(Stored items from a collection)
◇ ◇ ◇ ◇ ◇
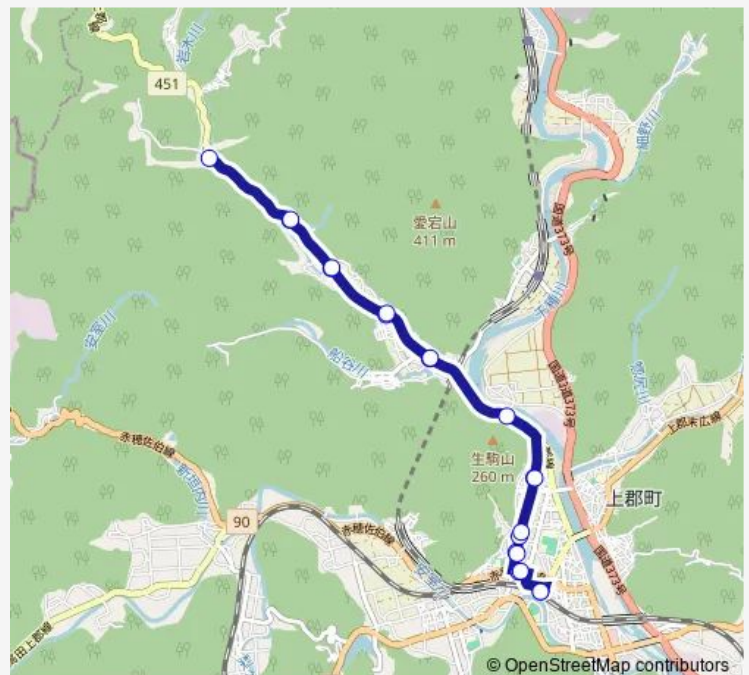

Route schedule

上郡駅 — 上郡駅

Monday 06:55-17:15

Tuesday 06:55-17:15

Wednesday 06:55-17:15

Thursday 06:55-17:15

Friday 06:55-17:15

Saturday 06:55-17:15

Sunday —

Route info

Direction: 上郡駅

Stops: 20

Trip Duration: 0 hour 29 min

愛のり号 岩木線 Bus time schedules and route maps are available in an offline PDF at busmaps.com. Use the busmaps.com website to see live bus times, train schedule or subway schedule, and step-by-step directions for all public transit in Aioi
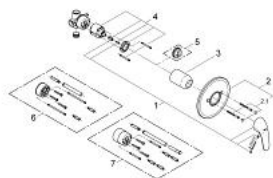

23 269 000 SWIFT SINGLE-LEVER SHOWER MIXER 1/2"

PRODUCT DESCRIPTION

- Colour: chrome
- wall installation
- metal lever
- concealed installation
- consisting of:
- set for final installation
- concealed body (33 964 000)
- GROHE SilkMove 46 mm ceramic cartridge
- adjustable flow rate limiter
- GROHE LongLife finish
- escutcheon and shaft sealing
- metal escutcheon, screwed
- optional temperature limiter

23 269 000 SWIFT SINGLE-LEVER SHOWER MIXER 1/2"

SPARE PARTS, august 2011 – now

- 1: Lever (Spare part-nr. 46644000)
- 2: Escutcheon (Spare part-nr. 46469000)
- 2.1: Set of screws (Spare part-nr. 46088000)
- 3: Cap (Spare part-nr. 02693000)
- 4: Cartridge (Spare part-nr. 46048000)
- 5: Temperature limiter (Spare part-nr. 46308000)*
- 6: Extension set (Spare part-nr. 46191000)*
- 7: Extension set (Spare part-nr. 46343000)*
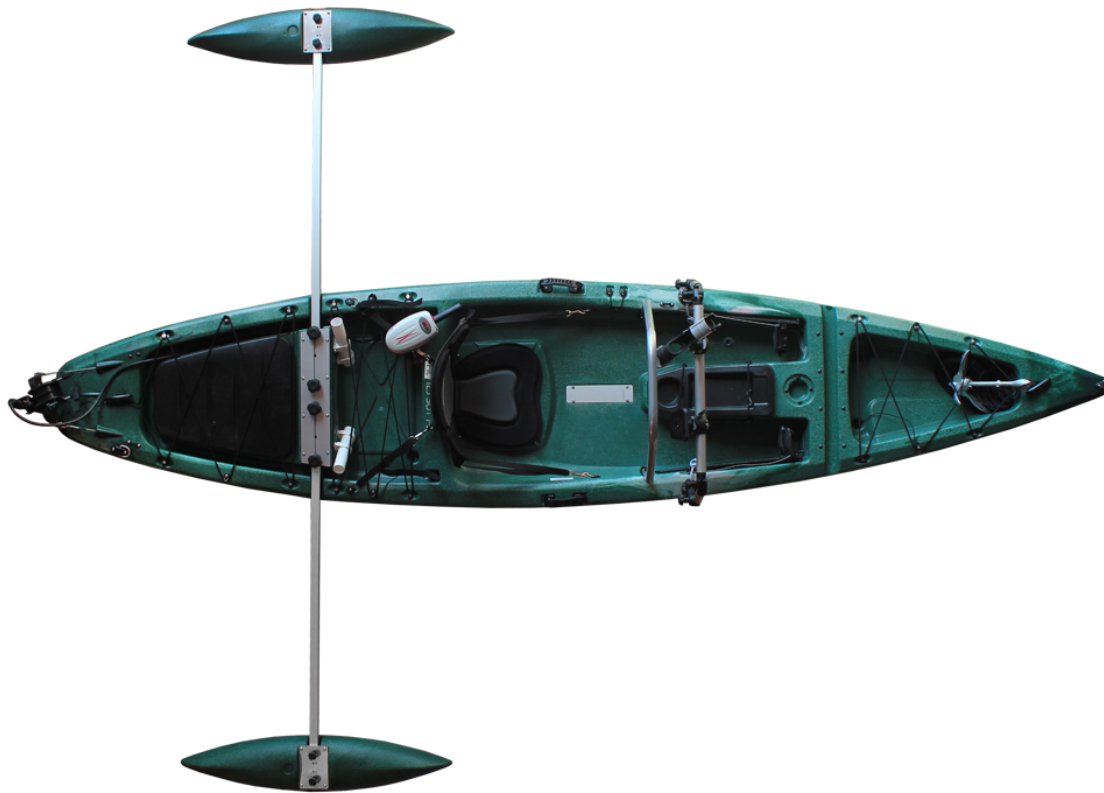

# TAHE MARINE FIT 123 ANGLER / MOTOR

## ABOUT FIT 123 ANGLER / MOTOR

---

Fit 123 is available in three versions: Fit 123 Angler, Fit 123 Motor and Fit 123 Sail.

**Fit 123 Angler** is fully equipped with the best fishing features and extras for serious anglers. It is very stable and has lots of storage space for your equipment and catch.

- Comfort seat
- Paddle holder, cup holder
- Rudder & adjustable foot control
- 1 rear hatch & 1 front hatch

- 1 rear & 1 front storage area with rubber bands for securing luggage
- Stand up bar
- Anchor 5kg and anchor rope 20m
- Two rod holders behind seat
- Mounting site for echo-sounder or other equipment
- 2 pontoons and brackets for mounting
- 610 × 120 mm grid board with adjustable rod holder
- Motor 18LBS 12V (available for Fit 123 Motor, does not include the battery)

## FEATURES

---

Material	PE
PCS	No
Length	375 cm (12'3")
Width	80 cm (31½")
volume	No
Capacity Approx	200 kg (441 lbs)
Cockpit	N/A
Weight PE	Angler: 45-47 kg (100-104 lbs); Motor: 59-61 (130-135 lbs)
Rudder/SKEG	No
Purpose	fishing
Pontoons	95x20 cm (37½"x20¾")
◇ ◇ ◇ ◇ ◇
* [Work item] What is asked for is an exact copy of the lines above from the one containing "- wall installation" through the one containing "- 5: Temperature", and only those.

* [Solution]
- wall installation
- metal lever
- concealed installation
- consisting of:
- set for final installation
- concealed body (33 964 000)
- GROHE SilkMove 46 mm ceramic cartridge
- adjustable flow rate limiter
- GROHE LongLife finish
- escutcheon and shaft sealing
- metal escutcheon, screwed
- optional temperature limiter

23 269 000 SWIFT SINGLE-LEVER SHOWER MIXER 1/2"

SPARE PARTS, august 2011 – now

- 1: Lever (Spare part-nr. 46644000)
- 2: Escutcheon (Spare part-nr. 46469000)
- 2.1: Set of screws (Spare part-nr. 46088000)
- 3: Cap (Spare part-nr. 02693000)
- 4: Cartridge (Spare part-nr. 46048000)
- 5: Temperature limiter (Spare part-nr. 46308000)*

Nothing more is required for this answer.